_What this task involves_
What you return should be only the lines in the entries below between the one holding "CP-OFDM 16QAM - IC Low Channel - 1 RB" and the one holding "### Specifications", ends included, with every picture left out.

[Stored items from a collection]
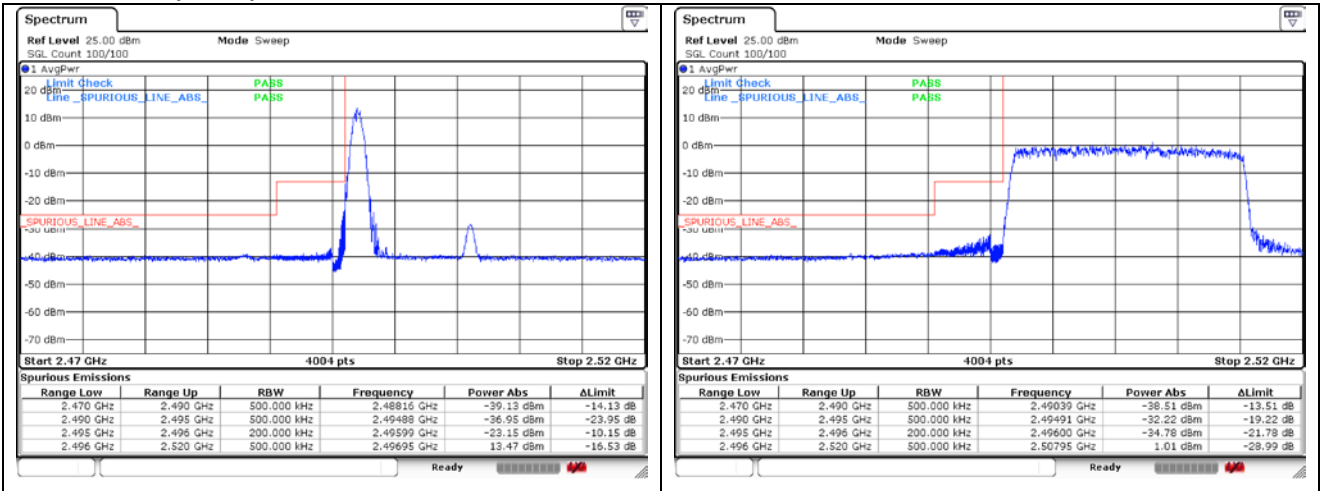

CP-OFDM QPSK - IC Low Channel - 1 RB

CP-OFDM QPSK - IC Low Channel - Full RB

CP-OFDM QPSK - High Channel - 1 RB

CP-OFDM QPSK - High Channel - Full RB

NR band 41 (20 MHz)

CP-OFDM 16QAM - FCC Low Channel - 1 RB

CP-OFDM 16QAM - FCC Low Channel - Full RB

CP-OFDM 16QAM - IC Low Channel - 1 RB

CP-OFDM 16QAM - IC Low Channel - Full RB

CP-OFDM 16QAM - High Channel - 1 RB

CP-OFDM 16QAM - High Channel - Full RB
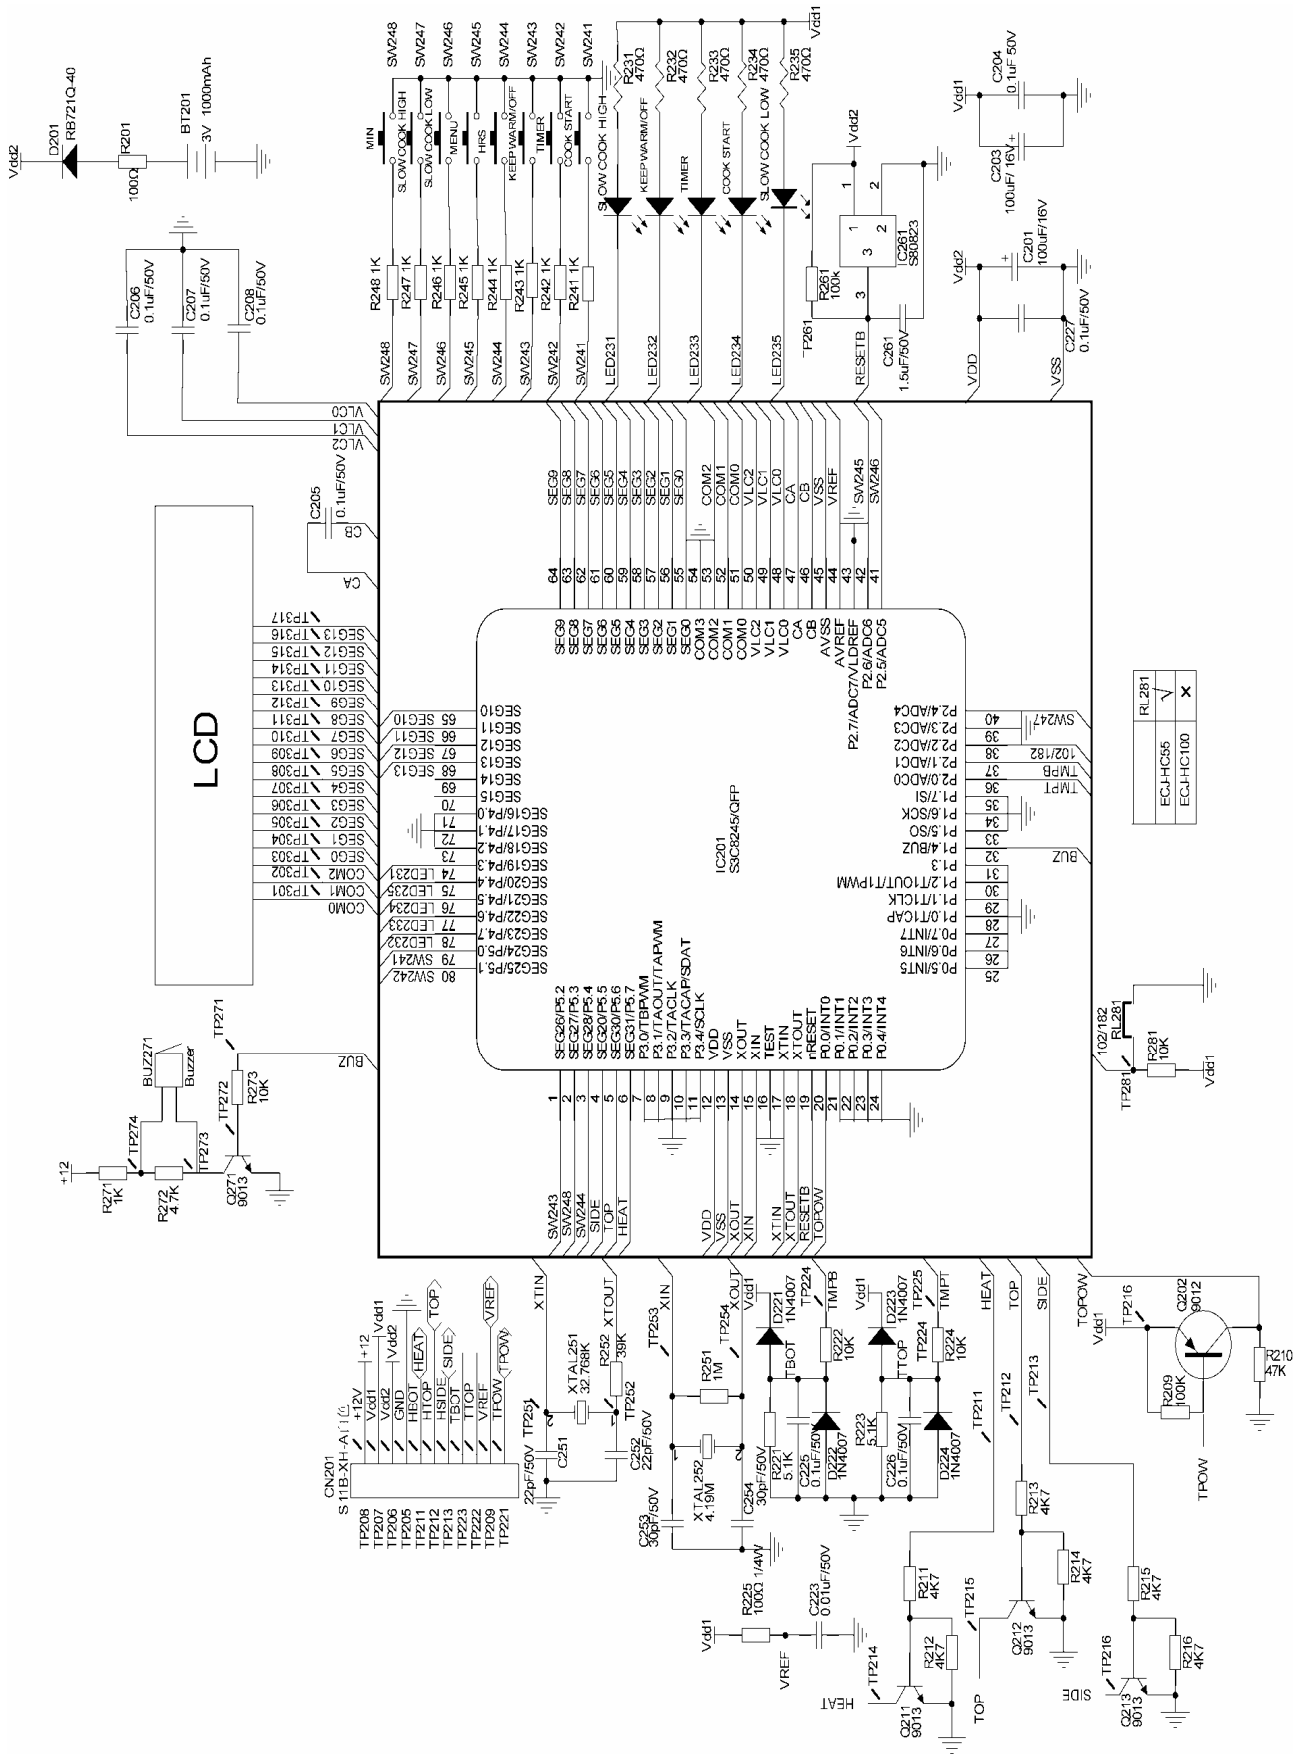

FILE NO.

**SANYO**

Parts List

RICE COOKER

ECJ-HC100S (USA)

PRODUCT CODE

NO. 142263206

### Specifications

This model can be used in areas where the power frequency is 50Hz or 60Hz

		ECJ-HC100S
Power source		AC120V
Power Consumption	Cooking	910W
	Keep Warm	44Wh
Cooking Capacity	White Rice	2-10 Cups
	Brown Rice	2-8 Cups
	Rinse-Free Rice	2-10 Cups
	Sweet	2-6 Cups
	Haiga	2-10 Cups
	Porridge	0.5-2.5 Cups
Dimensions	Mixed	2-6 Cups
	Width	279mm
	Depth	353mm
	Height	247mm
Weight		Approx 4.4Kg
Cord Length		Approx 0.95Kg

Specifications subject to change without notice

REFERENCE NO.SM6710027

# Circuit Diagram (Power)
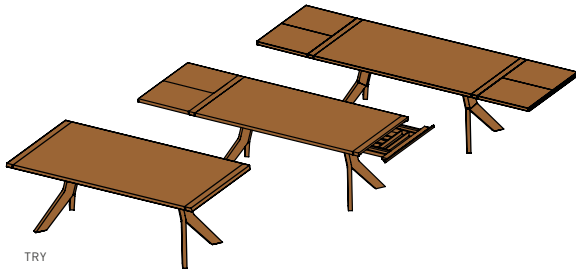

yps tables

TRY

yps non-extendable table or with extension

table top: solid wood

types of wood: alder, beech, beech heartwood, oak, wild oak, cherry, walnut, wild walnut, oak white oil, wild oak white oil

dimensions non-extendable table:

h	75 clear height 71.1								
w \ l	140	150	160	180	200	225	250	275	300
90	•	•	•	•	•	•	•		
100	•	•	•	•	•	•	•	•	•
110	•	•	•	•	•	•	•	•	•

dimensions extendable table:

h	75 clear height 66.2 53.8						
w \ l	140	150	160	180	200	225	250
90	•	•	•	•	•	•	•
100	•	•	•	•	•	•	•
110	•	•	•	•	•	•	•

1 integrated insert panel wood 60 cm from a table length of 140 cm. Cushioning available against surcharge.

1 integrated insert panel wood 60 cm and one silverware drawer from a table length of 140 cm. Cushioning available against surcharge.

2 integrated insert panels wood 60 cm from a table length of 180 cm. Cushioning available against surcharge.

types of wood

Unless stated otherwise, all wooden surfaces are finished with pure natural oil.
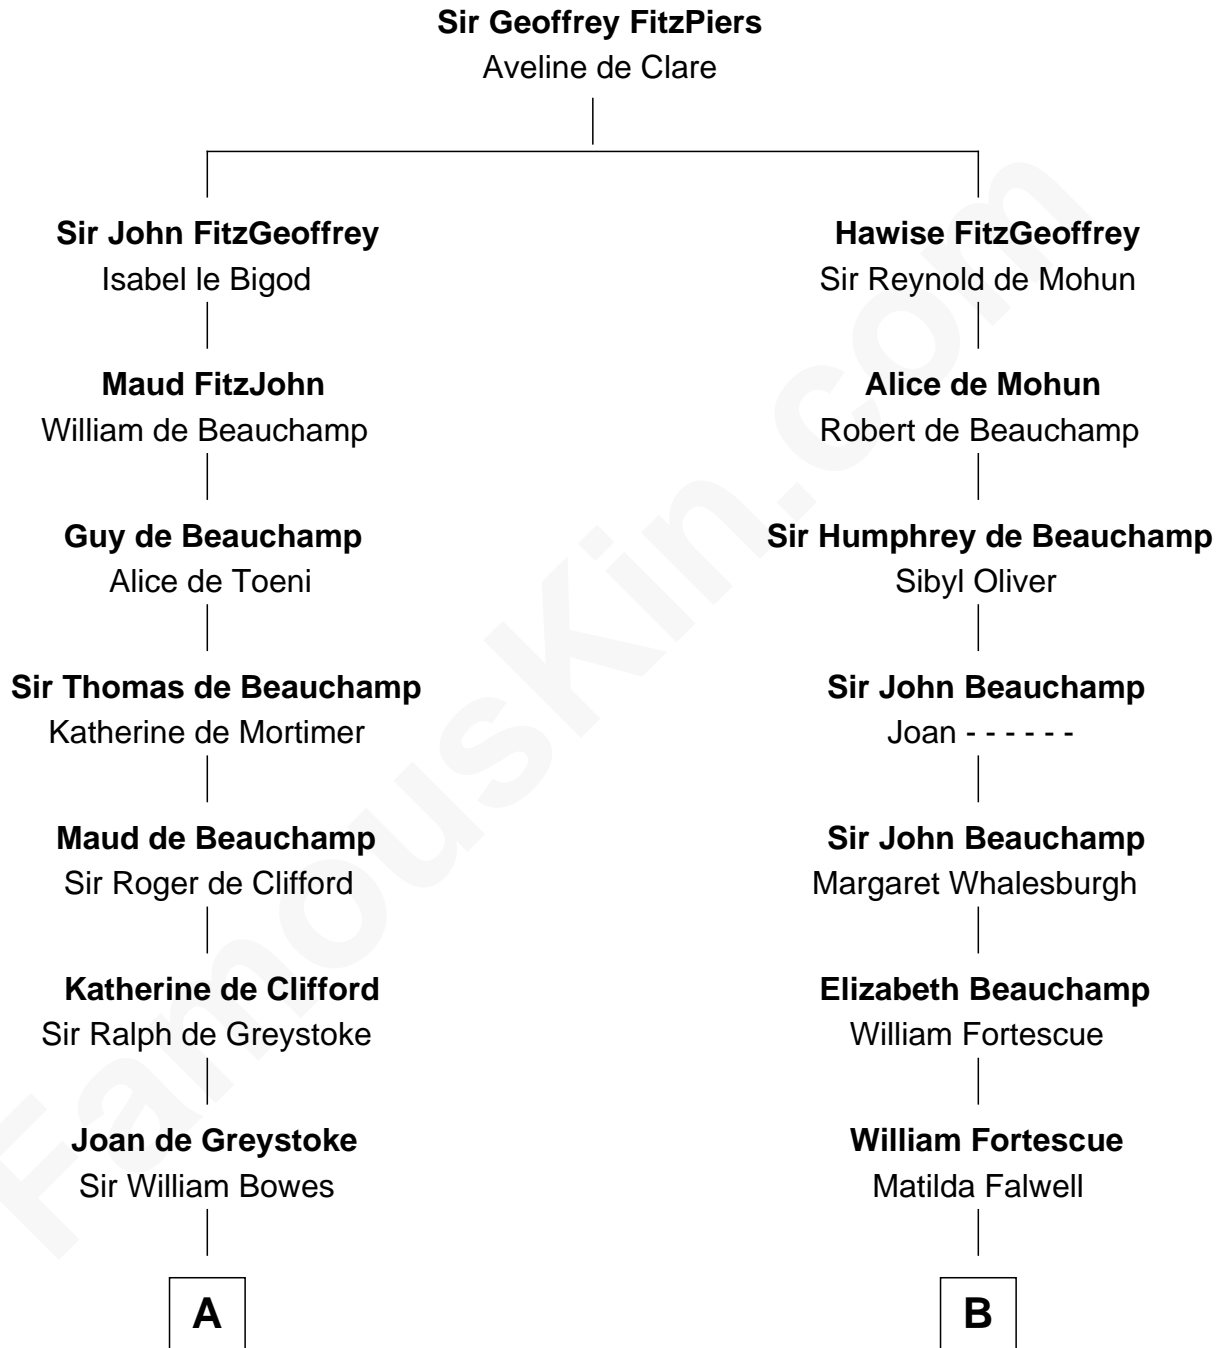

FamousKin.com
Relationship Chart of
William Howard Taft
27th U.S. President

20th cousin 1 time removed of
Harriet Beecher Stowe
Author of Uncle Tom's Cabin

C

Abner Rawson

Mary Allen

Rhoda Rawson

Aaron Taft

Peter Rawson Taft

Sylvia Howard

Alphonso Taft

Louisa Maria Torrey

William Howard Taft

27th U.S. President

D

Andrew Ward

Diana Hubbard

Roxana Ward

Eli Foote

Roxana Foote

Rev. Dr. Lyman Beecher

Harriet Beecher Stowe

Author of Uncle Tom's Cabin

_Your response_
CP-OFDM 16QAM - IC Low Channel - 1 RB

CP-OFDM 16QAM - IC Low Channel - Full RB

CP-OFDM 16QAM - High Channel - 1 RB

CP-OFDM 16QAM - High Channel - Full RB

FILE NO.

**SANYO**

Parts List

RICE COOKER

ECJ-HC100S (USA)

PRODUCT CODE

NO. 142263206

### Specifications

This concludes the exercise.